WHAT IS NEEDED: When a line in the entries below contains the word "Winning", copy that line.

Excerpts from a dataset:
=== Begin Enclosure ===

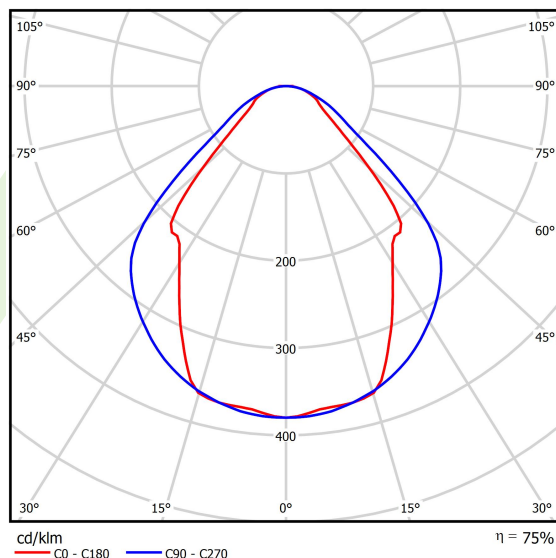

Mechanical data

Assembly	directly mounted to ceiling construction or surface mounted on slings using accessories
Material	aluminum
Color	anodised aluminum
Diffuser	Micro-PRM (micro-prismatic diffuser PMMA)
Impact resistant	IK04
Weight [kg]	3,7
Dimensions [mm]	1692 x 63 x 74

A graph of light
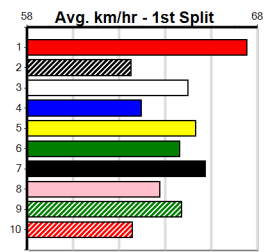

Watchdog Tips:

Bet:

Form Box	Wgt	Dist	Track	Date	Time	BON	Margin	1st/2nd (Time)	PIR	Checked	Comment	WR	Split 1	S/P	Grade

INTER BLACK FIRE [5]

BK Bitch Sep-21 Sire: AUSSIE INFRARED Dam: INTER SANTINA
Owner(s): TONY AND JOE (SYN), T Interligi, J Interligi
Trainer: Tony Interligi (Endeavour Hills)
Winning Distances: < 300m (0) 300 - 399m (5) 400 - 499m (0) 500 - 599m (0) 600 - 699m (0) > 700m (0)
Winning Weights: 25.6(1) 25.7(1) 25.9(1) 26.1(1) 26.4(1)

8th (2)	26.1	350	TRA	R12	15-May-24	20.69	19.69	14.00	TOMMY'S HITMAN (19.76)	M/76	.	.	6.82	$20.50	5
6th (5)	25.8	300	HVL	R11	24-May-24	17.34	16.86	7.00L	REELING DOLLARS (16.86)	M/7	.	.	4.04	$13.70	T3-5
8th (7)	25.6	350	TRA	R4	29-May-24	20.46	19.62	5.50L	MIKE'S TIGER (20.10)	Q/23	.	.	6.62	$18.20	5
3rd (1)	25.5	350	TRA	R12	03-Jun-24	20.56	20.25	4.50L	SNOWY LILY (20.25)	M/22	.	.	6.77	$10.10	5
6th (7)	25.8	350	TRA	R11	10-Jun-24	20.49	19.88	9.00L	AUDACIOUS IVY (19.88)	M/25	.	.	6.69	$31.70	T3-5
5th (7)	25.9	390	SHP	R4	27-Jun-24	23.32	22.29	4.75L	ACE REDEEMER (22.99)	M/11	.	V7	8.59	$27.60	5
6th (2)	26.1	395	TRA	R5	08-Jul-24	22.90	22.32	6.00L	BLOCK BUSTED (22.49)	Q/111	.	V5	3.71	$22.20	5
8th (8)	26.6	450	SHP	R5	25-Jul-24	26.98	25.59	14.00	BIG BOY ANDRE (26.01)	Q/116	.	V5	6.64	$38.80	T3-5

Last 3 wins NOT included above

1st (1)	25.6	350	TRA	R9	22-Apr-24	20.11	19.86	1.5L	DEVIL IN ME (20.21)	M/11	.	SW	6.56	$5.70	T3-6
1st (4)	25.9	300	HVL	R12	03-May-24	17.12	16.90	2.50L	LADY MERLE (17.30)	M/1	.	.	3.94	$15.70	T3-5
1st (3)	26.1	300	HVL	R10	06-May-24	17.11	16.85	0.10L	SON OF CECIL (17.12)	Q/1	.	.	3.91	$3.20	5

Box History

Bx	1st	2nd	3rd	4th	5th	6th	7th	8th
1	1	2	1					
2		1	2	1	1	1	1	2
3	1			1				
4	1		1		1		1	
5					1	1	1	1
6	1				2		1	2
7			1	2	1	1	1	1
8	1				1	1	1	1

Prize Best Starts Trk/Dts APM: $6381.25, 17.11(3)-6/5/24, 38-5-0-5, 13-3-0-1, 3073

=== End Enclosure ===
=== Begin Enclosure ===

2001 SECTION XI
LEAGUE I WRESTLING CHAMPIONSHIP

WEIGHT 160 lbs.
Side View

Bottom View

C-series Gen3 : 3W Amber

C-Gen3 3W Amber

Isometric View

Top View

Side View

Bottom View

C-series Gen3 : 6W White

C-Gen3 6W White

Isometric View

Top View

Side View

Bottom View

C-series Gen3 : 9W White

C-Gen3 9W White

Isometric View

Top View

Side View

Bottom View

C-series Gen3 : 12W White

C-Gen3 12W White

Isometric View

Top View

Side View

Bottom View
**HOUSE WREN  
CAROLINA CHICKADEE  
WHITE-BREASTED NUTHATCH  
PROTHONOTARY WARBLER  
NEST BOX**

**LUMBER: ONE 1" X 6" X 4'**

=== End Enclosure ===

FINISHED EXERCISE:
Winning Distances: < 300m (0) 300 - 399m (5) 400 - 499m (0) 500 - 599m (0) 600 - 699m (0) > 700m (0)
Winning Weights: 25.6(1) 25.7(1) 25.9(1) 26.1(1) 26.4(1)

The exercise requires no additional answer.